A complex compiler for a simple language.

What's this?

I took the May 2023 session of David Beazley's Write a compiler course—which I highly recommend. As course work, I wrote a compiler for Wabbit (a statically-typed language designed for the course) in Rust.

Although my project was a success, I was dissatisfied with the architecture and decided to rewrite everything from scratch... again.

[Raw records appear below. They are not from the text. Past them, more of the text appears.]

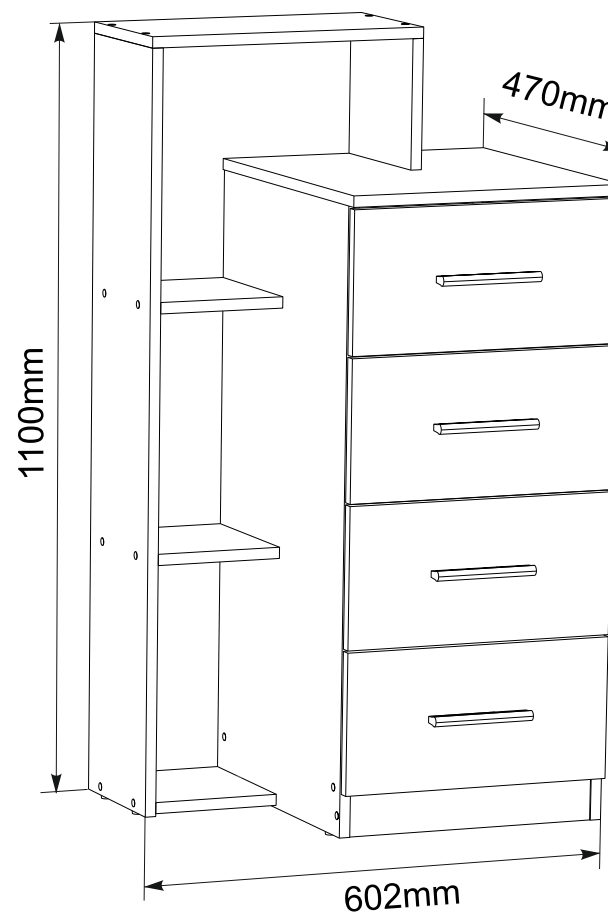

(ENG) **Commode “Commode-4-1L”**

(UA) **Комод “Комод-4-1Л”**

№	a x b	x
1	470x404	1
2	368x80	2
3	884x448	1
4	884x448	1
5	368x60	1
6	1084x220	1
7	220x184	4
8	408x220	1
9	836x396	1
10	400x100	8
11	311x100	4
12	396x202	4
13	407x341	4

■ - DVP/ДВП

“Commode-4-1L”

“Комод-4-1Л”

1

8x ø 4x35 mm N3	4x H1	6x K2
8x U	4x a b L=400 mm M3	16x ø 3.5x16 mm E3

2

2

3

“Commode-4-1L”
“Комод-4-1Л”

5

4

6

3

7

x4

“Commode-4-1L”

“Комод-4-1Л”

8

x4

The goal was to implement a smaller language (basically a calculator) to focus on an architecture that would easily scale to Wabbit and beyond, using the learnings from the course.

Installation

Either clone the repo and use cargo run, or cargo install --git https://github.com/abey79/calc.

Usage

CLI help is available with:

$ calc --help
calc -- a complex compiler for a simple language

Usage: calc [OPTIONS] <COMMAND>

Commands:
  tokenize  Tokenize the input and display the tokens
  parse     Parse the input and display the AST
  format    Parse the input and print a formatted version of it
  check     Run the type checker on the input
  run       Run the interpreter on the input
  help      Print this message or the help of the given subcommand(s)

Options:
  -o, --optimize  Run the optimizer
  -h, --help      Print help
  -V, --version   Print version

If you are using cargo, use cargo run -- --help instead.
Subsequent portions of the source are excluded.